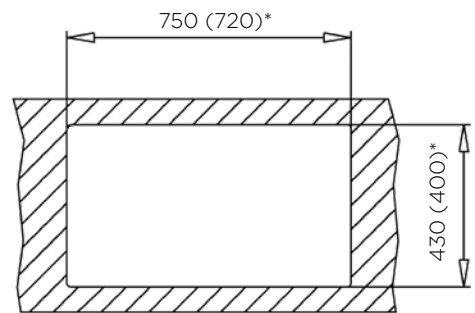

NOTRANJA MERA:

dolžina: 720mm | širina: 400 mm | globina: 190 mm

MATERIAL: inox sijaj

ZA ELEMENT ŠIRINE OD: nadpultni 800 mm |

*podpultni 900 mm

IZVRTINA ZA ARMATURO: ne

ODPIRANJE ODTOKA Z GUMBOM (POP-UP): ne

SIFON: da

DODATKI: 195269, 195270, 195271, 195272, 195273, 195274, 195275

Šifra

195203	FILOQUADRA korito 77x45 1B nadpultno	1,2
195211	FILOQUADRA korito 77x45 1B podpultno*	3

· · ·

§ **WORK ITEM**:
Filter the listing so that only lines holding the word "korito" remain, and copy those lines.

§ **YOUR SOLUTION**:
195203	FILOQUADRA korito 77x45 1B nadpultno	1,2
195211	FILOQUADRA korito 77x45 1B podpultno*	3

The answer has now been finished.